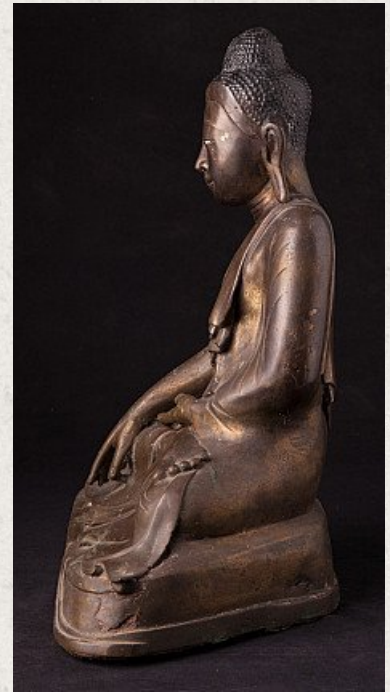

## Antique bronze Buddha

- Material : bronze
- 38 cm high
- Mandalay style
- Bhumisparsha mudra
- 19th century, Mandalay period
- Originating from Burma
- Nr: 2793

[See on website](#)
++++++++++
Find the line with "- 38 cm high". Transcribe it and every line after it exactly, through the end of the records above, and nothing else.

» Solution for this task
- 38 cm high
- Mandalay style
- Bhumisparsha mudra
- 19th century, Mandalay period
- Originating from Burma
- Nr: 2793

[See on website](#)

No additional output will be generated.